EXERCISE AIM: Copy, word for word, the lines below from the one containing "polished and plated" up to and including the one containing "If the shower", with pictures left out.

DATA PROVIDED:
□ □ □
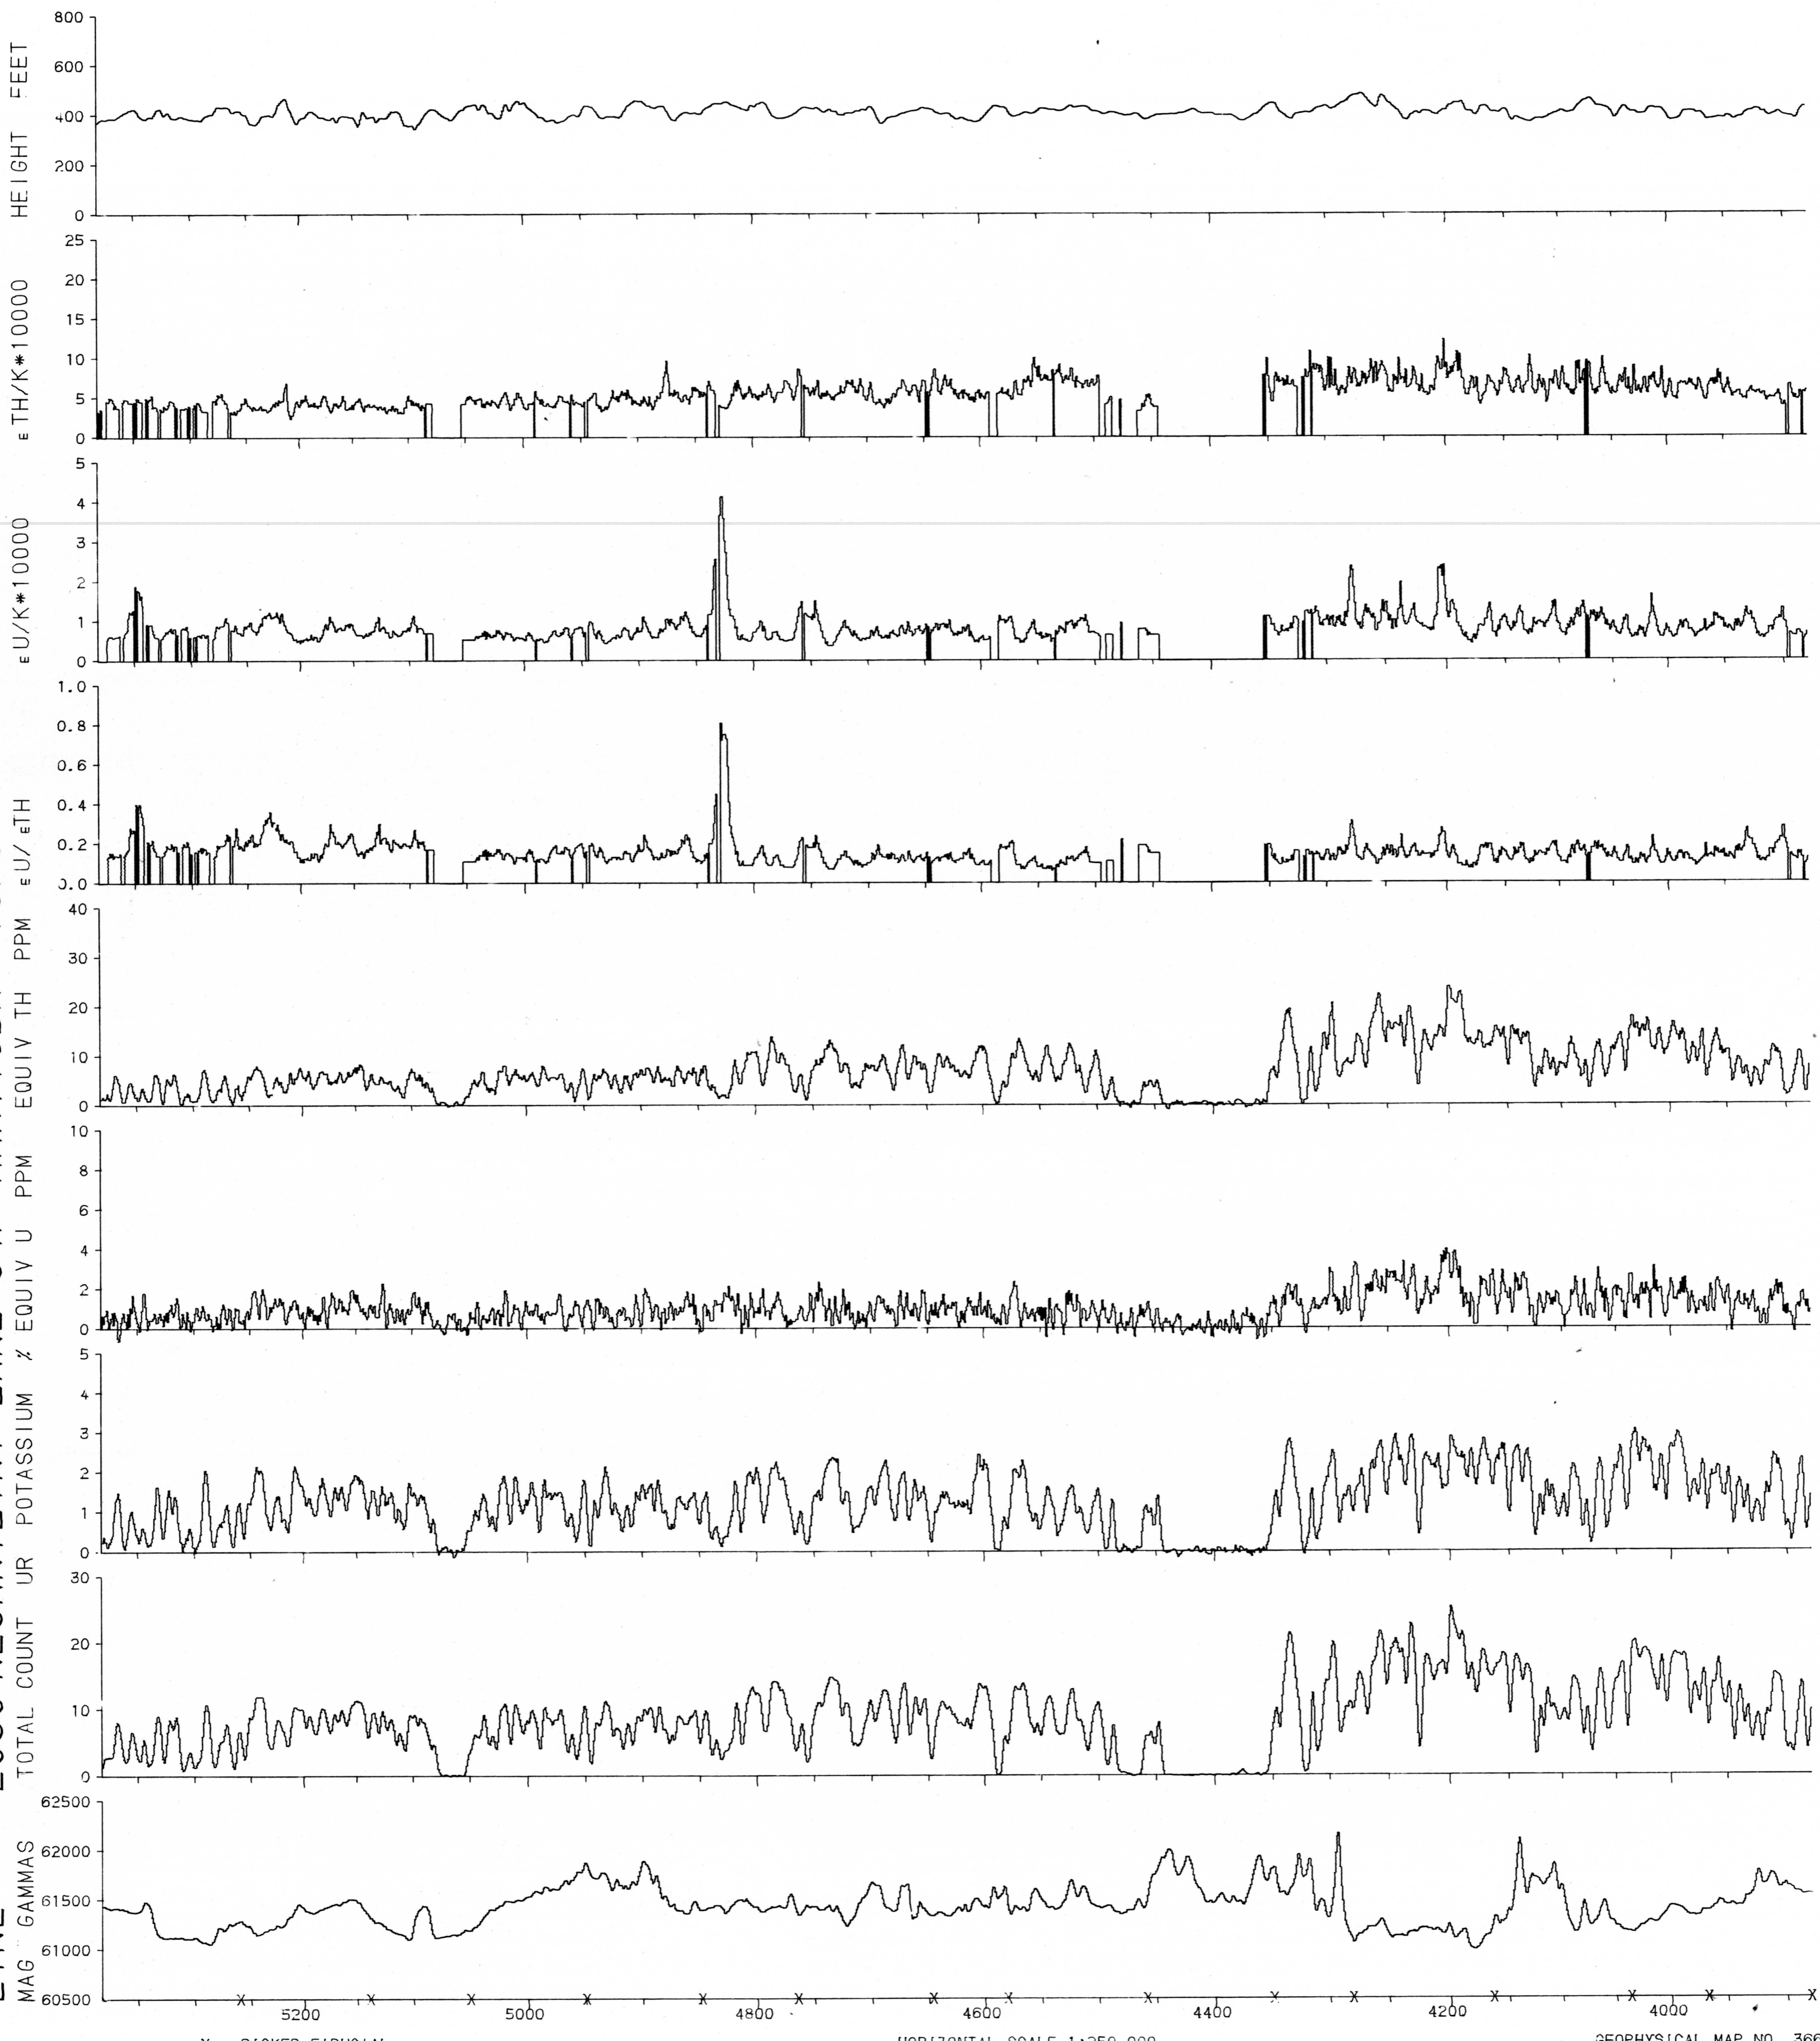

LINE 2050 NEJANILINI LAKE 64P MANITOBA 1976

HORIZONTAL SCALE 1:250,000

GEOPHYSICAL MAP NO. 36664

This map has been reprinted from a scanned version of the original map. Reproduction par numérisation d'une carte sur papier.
□ □ □
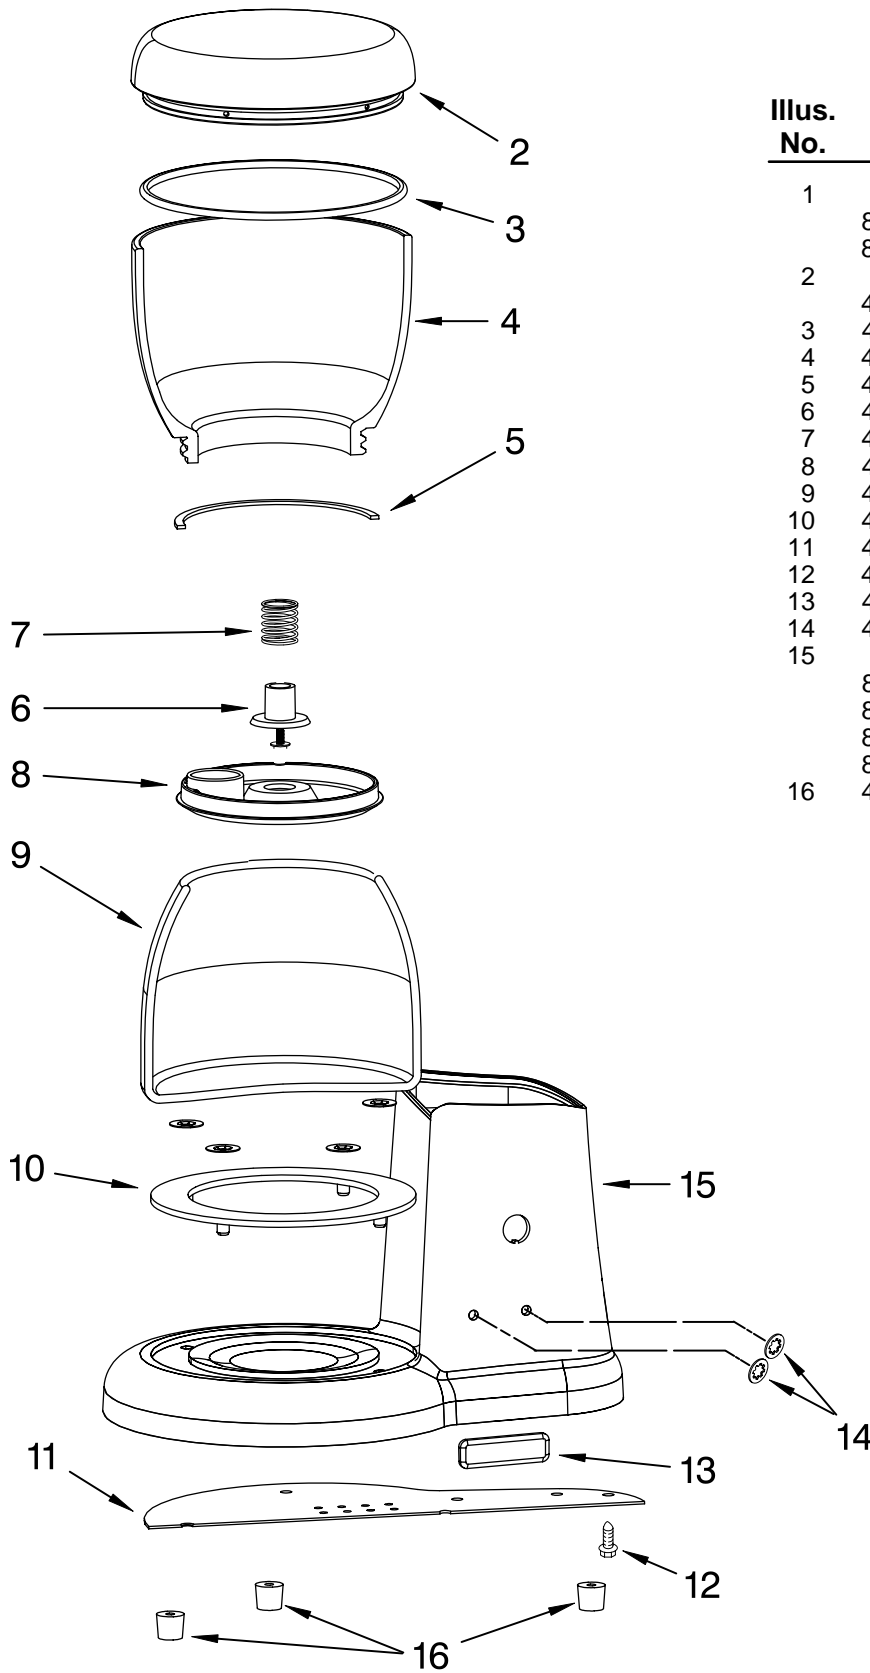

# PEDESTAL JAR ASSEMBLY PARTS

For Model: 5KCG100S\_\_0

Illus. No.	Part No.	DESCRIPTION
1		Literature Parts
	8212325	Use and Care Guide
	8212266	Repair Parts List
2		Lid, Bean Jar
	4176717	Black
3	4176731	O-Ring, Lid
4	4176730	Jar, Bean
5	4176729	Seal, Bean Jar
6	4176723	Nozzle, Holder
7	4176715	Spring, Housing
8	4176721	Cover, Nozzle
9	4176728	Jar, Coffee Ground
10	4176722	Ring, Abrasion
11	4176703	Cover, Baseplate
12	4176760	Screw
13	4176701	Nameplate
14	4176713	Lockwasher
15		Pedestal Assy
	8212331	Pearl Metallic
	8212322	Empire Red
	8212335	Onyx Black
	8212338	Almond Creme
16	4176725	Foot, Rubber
□ □ □
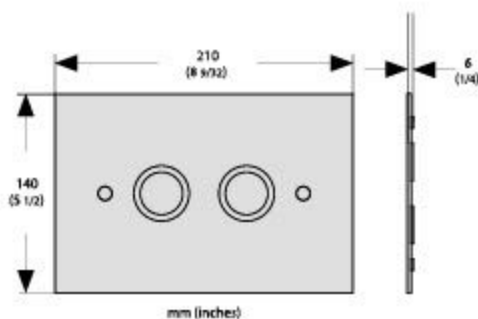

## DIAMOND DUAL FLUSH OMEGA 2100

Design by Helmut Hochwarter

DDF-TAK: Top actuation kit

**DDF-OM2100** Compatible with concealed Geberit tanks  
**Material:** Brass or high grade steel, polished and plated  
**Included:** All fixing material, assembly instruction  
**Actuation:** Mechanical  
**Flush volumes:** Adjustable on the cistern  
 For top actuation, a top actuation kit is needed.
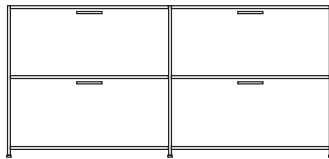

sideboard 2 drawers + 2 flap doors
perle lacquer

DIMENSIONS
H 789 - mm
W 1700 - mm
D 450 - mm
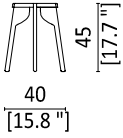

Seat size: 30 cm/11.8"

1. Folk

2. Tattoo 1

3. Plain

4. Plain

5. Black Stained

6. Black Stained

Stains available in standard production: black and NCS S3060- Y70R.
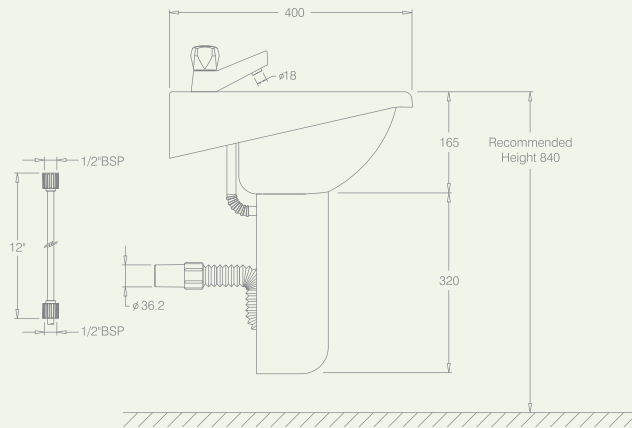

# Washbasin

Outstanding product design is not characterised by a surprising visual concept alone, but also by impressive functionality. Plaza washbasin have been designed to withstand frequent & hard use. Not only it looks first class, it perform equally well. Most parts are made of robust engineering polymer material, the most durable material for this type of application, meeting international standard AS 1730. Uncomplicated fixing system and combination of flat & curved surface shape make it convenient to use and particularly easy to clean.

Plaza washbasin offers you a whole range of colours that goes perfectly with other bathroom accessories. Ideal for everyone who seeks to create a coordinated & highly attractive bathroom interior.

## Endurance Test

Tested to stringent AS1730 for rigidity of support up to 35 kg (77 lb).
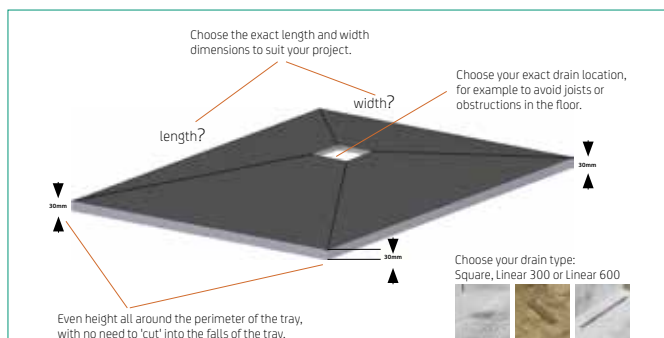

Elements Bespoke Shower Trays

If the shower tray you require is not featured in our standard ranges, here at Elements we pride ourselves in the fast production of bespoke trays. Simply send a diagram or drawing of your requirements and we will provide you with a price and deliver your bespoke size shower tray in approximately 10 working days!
□ □ □
REPLY:
**Material:** Brass or high grade steel, polished and plated  
**Included:** All fixing material, assembly instruction  
**Actuation:** Mechanical  
**Flush volumes:** Adjustable on the cistern  
 For top actuation, a top actuation kit is needed.

sideboard 2 drawers + 2 flap doors
perle lacquer

DIMENSIONS
H 789 - mm
W 1700 - mm
D 450 - mm

Seat size: 30 cm/11.8"

1. Folk

2. Tattoo 1

3. Plain

4. Plain

5. Black Stained

6. Black Stained

Stains available in standard production: black and NCS S3060- Y70R.

# Washbasin

Outstanding product design is not characterised by a surprising visual concept alone, but also by impressive functionality. Plaza washbasin have been designed to withstand frequent & hard use. Not only it looks first class, it perform equally well. Most parts are made of robust engineering polymer material, the most durable material for this type of application, meeting international standard AS 1730. Uncomplicated fixing system and combination of flat & curved surface shape make it convenient to use and particularly easy to clean.

Plaza washbasin offers you a whole range of colours that goes perfectly with other bathroom accessories. Ideal for everyone who seeks to create a coordinated & highly attractive bathroom interior.

## Endurance Test

Tested to stringent AS1730 for rigidity of support up to 35 kg (77 lb).

Elements Bespoke Shower Trays

If the shower tray you require is not featured in our standard ranges, here at Elements we pride ourselves in the fast production of bespoke trays. Simply send a diagram or drawing of your requirements and we will provide you with a price and deliver your bespoke size shower tray in approximately 10 working days!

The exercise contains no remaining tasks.